Social crisis and insecurity worsen in Haiti
Santo Domingo, DR.
The Dominican Republic closed its embassy and consulates in Haiti yesterday, in addition to withdrawing its civilian personnel for security reasons, due to protests in the country over the high cost of living and the government’s decision to suspend fuel subsidies.
Haiti’s main cities are paralyzed by massive protests in the impoverished nation, which is also plunged into growing gang violence.
The Dominican diplomatic headquarters ordered its closure to the public until further notice due to the insecurity in the neighboring nation, thus joining France, Spain, Mexico, and Canada, which had adopted similar decisions the day before.
Despite the closure and the evacuation of civilian personnel, the legation specified that its telephone lines and social networks would continue to provide guidance.
In case of emergency, the Embassy made available to Dominicans residing in Haiti the telephone number +509 2813-0887 or email [email protected]
The Dominican embassy also recommended that Dominicans in Haiti “be cautious, limit their movements and have with them, as far as possible, basic necessities” such as non-perishable food and medicines.
Last Sunday, alleging that the State lacked funds to continue with the subsidies, Haitian Prime Minister Ariel Henry announced an increase in the prices of gasoline and other fuels.

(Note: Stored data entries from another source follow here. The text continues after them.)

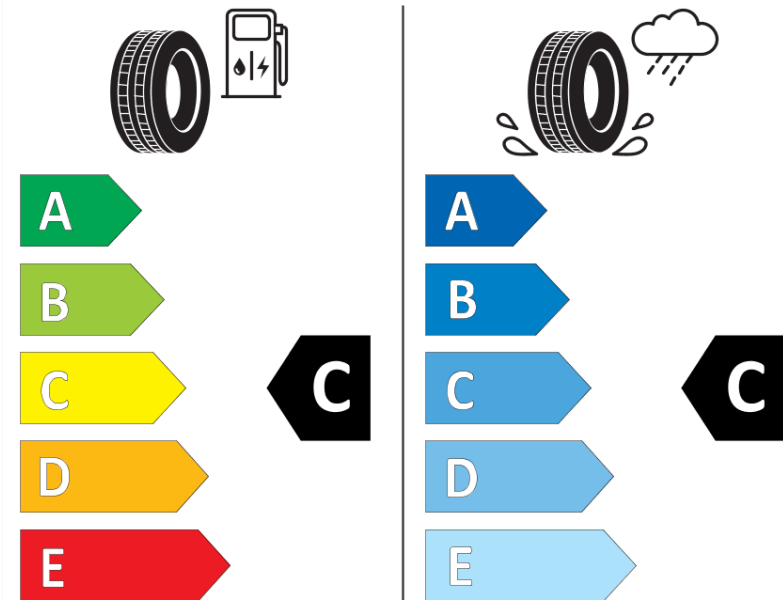

Product Information Sheet

Delegated Regulation (EU) 2020/740

Supplier name or trademark	MICHELIN
Commercial name or trade designation	PILOT ALPIN 5 AML
Tyre type identifier	184403
Tyre size designation	275/35R21
Load-capacity index	103
Speed category symbol	V
Fuel efficiency class	C
Wet grip class	C
External rolling noise class	B
External rolling noise value	71 dB
Severe snow tyre	Yes
Ice tyre	No
Date of start of production	22/22
Date of end of production	
Load version	XL
Additional information	275/35 R21 103V XL TL PILOT ALPIN 5 AML MI

ENERG

MICHELIN

184403

275/35R21 103 V XL

C1

2020/740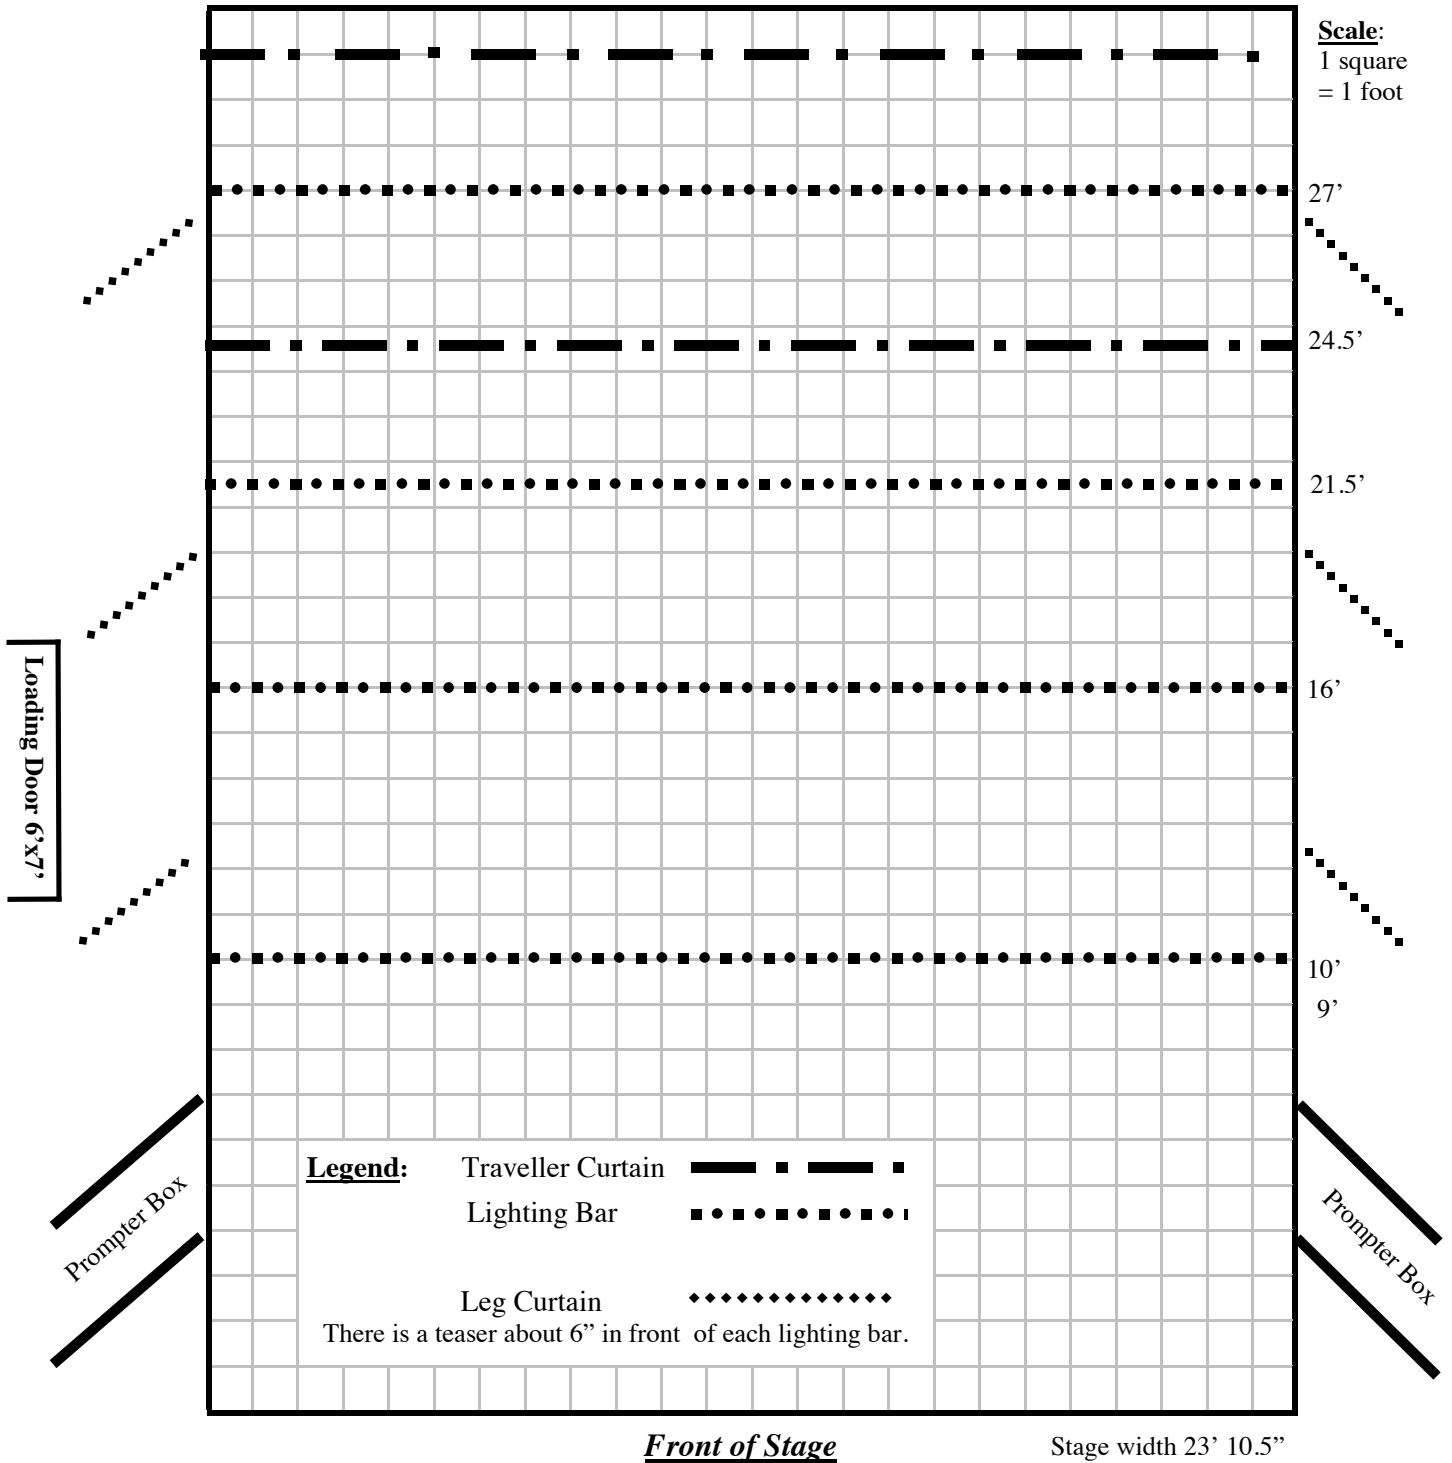

PETERBOROUGH THEATRE GUILD Stage Measurements

Back Wall

There is also lighting in front of the stage consisting of one 24-channel bar.

As a result of the decision, mobilizations intensified since last Wednesday, with blocked roads, public transport stopped, and businesses closed in case of possible attacks by demonstrators.
Banks are closed
Yesterday morning, the Professional Association of Banks (APB) announced the total closure of the operations of commercial banks throughout the country due to the riots which affected several of their branches.
Of the total number of banking institutions in Haiti, eight are commercial, the most important being Banque de la République d Haiti (Central Bank), Banque de Union Haitienne, Banque Nationale de Crédit Haiti, Capital Bank Haiti, Citibank Haiti, Sogebank Haiti, and Unibank Haiti. According to a note issued by the guild that groups them, the commercial banks explained that they were forced to close their doors to ensure the safety of customers and employees.

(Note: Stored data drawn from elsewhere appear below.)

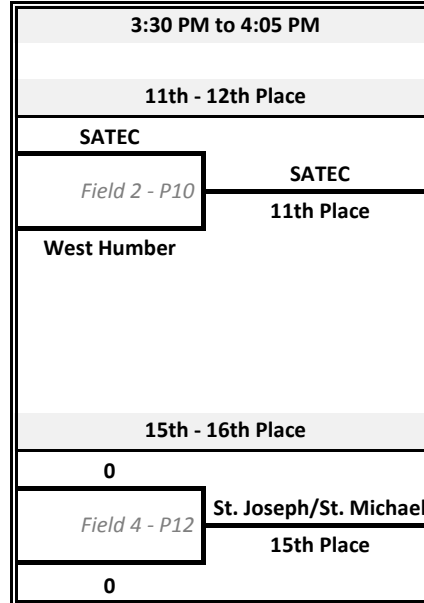

B Division (Thursday, February 23) Playoffs 9th - 16th Place

CTS B-Div Playoffs 9th - 12th Place	
A3	Cardinal Newman
B3	West Humber
C3	Newtonbrook
D3	SATEC

CTS B-Div Playoffs 13th - 16th Place	
A4	St. Joseph/St. Michael
B4	Silverthorn
C4	Harbord
D4	4th Place Pool D

CTS B-Div 9th - 16th Final Standings	
9th	Newtonbrook
10th	Cardinal Newman
11th	SATEC
12th	West Humber
13th	Silverthorn
14th	Harbord
15th	St. Joseph/St. Michael
16th	

	Field 1	Score	Spirit
2:10 PM to 2:45 PM	Cardinal Newman vs. SATEC	11 10	 P1

	Field 2	Score	Spirit
	West Humber vs. Newtonbrook	6 7	 P2

	Field 3	Score	Spirit
	St. Joseph/St. Michael vs. Harbord	8 15	 P3

	Field 4	Score	Spirit
	Silverthorn vs. St. Joseph/St. Michael	15 7	 P4

	Field 1	Score	Spirit
3:30 PM to 4:05 PM	Cardinal Newman vs. Newtonbrook	9 14	 P9

	Field 2	Score	Spirit
	SATEC vs. West Humber	10 8	 P10

	Field 3	Score	Spirit
	Harbord vs. Silverthorn	7 9	 P11

	Field 4	Score	Spirit
	vs.		 P12

1st-2nd Place

3rd-4th Place

5th-6th Place

7th-8th Place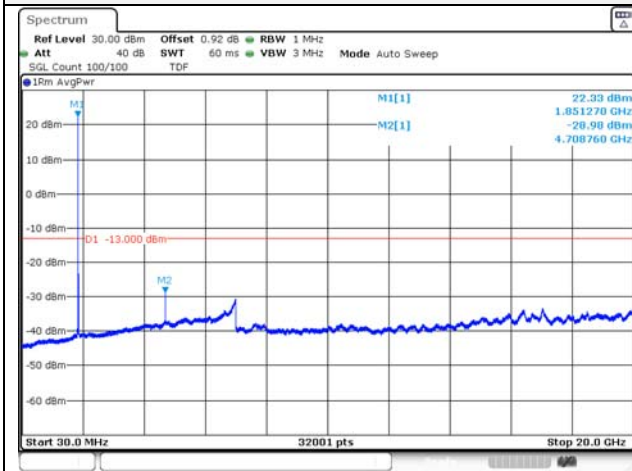

KCTL Inc.

65, Sinwon-ro, Yeongtong-gu,
Suwon-si, Gyeonggi-do, 16677, Korea
TEL: 82-31-285-0894 FAX: 82-505-299-8311
www.kctl.co.kr

Report No.:
KR21-SRF0085-D
Page (140) of (265)

15M BW QPSK Low ch.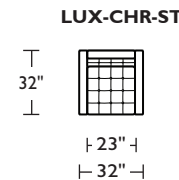

Due to size of leather hides, your furniture will have seams on the front, back and sides. For more information please contact your sales representative.

*Note: arm height for this frame is measured at the highest point of the curved arm.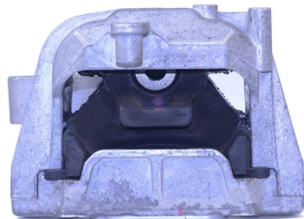

Notes

- PFF85-501G is on-car camber adjustable offering +/-0.5° of adjustment, for a non adjustable bush use PFF85-501.
- PFF85-502G gives 1° of additional caster angle and anti lift properties, the bush is supplied pre fitted into the new bracket, for a bush without geometry adjustment use PFF85-502.
- PFF85-504 fits vehicles upto the middle of 2008, please check the picture of the 2 bushes in order to identify the insert you require.
- PFF85-704 fits vehicles from the middle of 2008 on, please check the picture of the 2 bushes in order to identify the insert you require.
- PFR85-524 & PFR85-525 fit 4 wheel drive models only.
- PFR85-527 & PFR85-528 fit 4 wheel drive models only up to 28.5.2012.
- PFF85-531 is an insert designed to fill the voids of the original bush. This mount is found various 2.0 FSi, 2.0 TFSi, 2.0 GTi, 2.0 Turbo & V6 3.2 & 3.6 engines. Please check voids of your original mount are the same as the image shown for correct fitment.

USE PFF85-504 FOR THIS MOUNT

USE PFF85-704 FOR THIS MOUNT

UP TO MID 2008

FROM MID 2008 ON

**PFF85-531 Fits Upper Engine Mount
with this profile only.**

FRONT

BACK

**PFF85-532 FITS UPPER ENGINE MOUNT
WITH THIS PROFILE ONLY**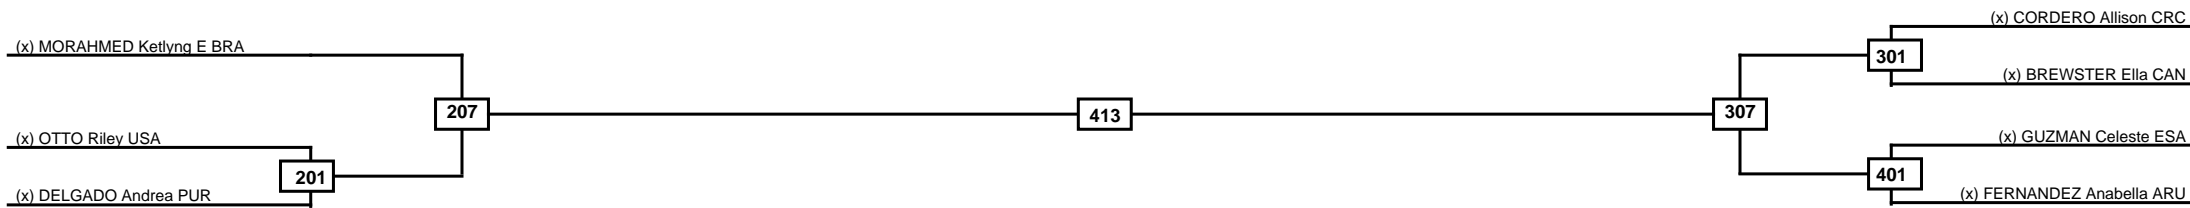

Quarterfinals	Semifinals	Final	Semifinals	Quarterfinals

Classification
1
2
3
3

LEGEND	RSC: Win by Referee stops contest	PTG: Win by Point gap	SUP: Win by Superiority	DSQ: Win by Disqualification	DQB: Win by Disqualification for Unsportsmanlike behavior	DWR: Win by double Withdrawal	R: Round
(x)Seed	PFT: Win by Final score	GDP: Win by Golden points	WDR: Win by Withdrawal	PUN: Win by Punitive declaration	DDB: Double disqualification for Unsportsmanlike behavior	DDQ: Double Disqualification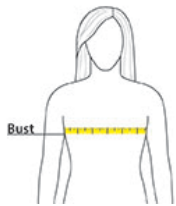

## PRODUCT MEASUREMENTS

	XS	S	M	L	XL	XXL	3XL	4XL	5XL	6XL
Bust	18 1/2	19 1/2	20 1/2	22	23 1/2	25	27	29	31	33
Sleeve Length	31 1/2	32	32 1/2	33 1/8	33 3/4	34 3/8	34 3/4	35 1/8	35 1/4	35 1/4
Body Length at Back	27	27 1/2	28	28 1/2	29	29 1/2	30	30 1/2	31	31 1/2

**Bust:** Measured across the chest one inch below armhole when laid flat.

**Sleeve Length:** Start at center of neck and measure down shoulder, down sleeve to hem.

**Body Length at Back:** Measured from high point shoulder to finished hem at back.

## SIZE CHARTS

	XS	S	M	L	XL	XXL	3XL	4XL	5XL	6XL
Size	2	4/6	8/10	12/14	16/18	20/22	24/26	28/30	32/34	36/38
Bust	32-34	35-36	37-38	39-41	42-44	45-47	48-51	52-55	56-59	60-63
Arm	30-30 3/4	30 3/4-31 1/2	31 1/2-32	32-32 1/2	32 1/2 - 33	33-33 3/8	33 3/8-33 3/4	33 3/4-34 1/2	34 1/4-34 3/4	34 1/2-35

## HOW TO MEASURE

They hoped “calm will return in Haiti so that the banks can continue to serve their clients.”
State TV station attacked
Haiti’s National Television (TNH) was also the target of an attack yesterday by violent groups protesting against the government’s measures to increase fuel prices. The demonstrators attacked the TNH facilities en masse and set fire to three parked vehicles.
In view of the increased tension in the metropolitan area and surrounding areas, the National Police Directorate announced the suspension, until further notice, of permits to carry weapons.

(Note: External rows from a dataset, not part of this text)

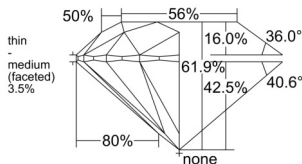

GIA®

FACSIMILE

GIA REPORT 6522867123

Verify this report at GIA.edu

GIA NATURAL DIAMOND DOSSIER®

July 21, 2025
GIA Report Number 6522867123
Shape and Cutting Style ..... Round Brilliant
Measurements ..... 6.01 - 6.04 x 3.73 mm

GRADING RESULTS

Carat Weight ..... 0.83 carat
Color Grade ..... E
Clarity Grade VVS1
Cut Grade ..... Excellent

ADDITIONAL GRADING INFORMATION

Polish ..... Excellent
Symmetry ..... Excellent
Fluorescence ..... None
Clarity Characteristics ..... Pinpoint, Feather
Inscription(s): GIA 6522867123

PROPORTIONS

GRADING SCALES

GIA COLOR SCALE	GIA CLARITY SCALE	GIA CUT SCALE
Colorless	Flawless	Excellent
Near Colorless	Internally Flawless	
Faint	VVS₁	Very Good
Very Light	VVS₂	
Light	VS₁	Good
	VS₂	
	S₁	Fair
	S₂	
	I₁	Poor
	I₂	
	I₃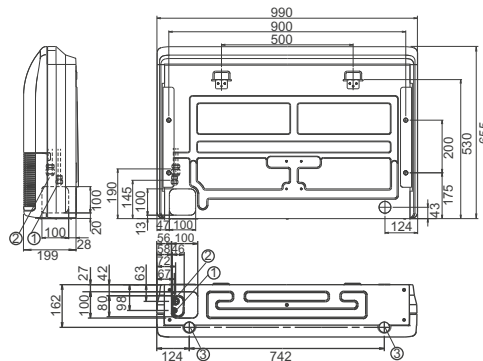

Optional Parts

Wired Remote Controller:	UTYRVNYM
Simple Remote Controller:	UTYRSNYM
External Connect Kit	UTYXWZX
Modus Interface	FJRCMBS1
KNX Interface	FJRCKNX1
WiFi Interface	FJRCWIF1

* UK Cooling: indoor temperature 23°CDB / 16°CWB and outdoor temperature 30°C

Dimensions Models : AYG18LVTB / AYG24LVTA

(Unit : mm)

- ① Refrigerant piping flare connection (Liquid)
- ② Refrigerant piping flare connection (Gas)
- ③ Drain piping connection

The company reserves the right to make any variation in specification to the equipment described or to withdraw or replace products without prior notification or public announcement. All descriptions, illustrations, drawings and specifications in this publication present only general particulars and shall not form any part of any contract. All equipment and services are supplied subject to FG Eurofred's Terms and Conditions of Sale.

All prices shown exclude VAT.

FUJITSU
AIR CONDITIONERS

Videos of fans posted on social networks show scenes of looting of complex 18 in Juvénat, Pétion-ville.
In the Port-au-Prince metropolitan area, large businesses were closed to the public, while customers and employees were urged to stay at home.
This Thursday, serious disturbances were also reported in Gonaïves: the offices of the NGO Caritas were ransacked and the demonstrators, after a first unsuccessful attempt the day before, managed today to take everything they found in their path at the premises of the World Food Program (WFP).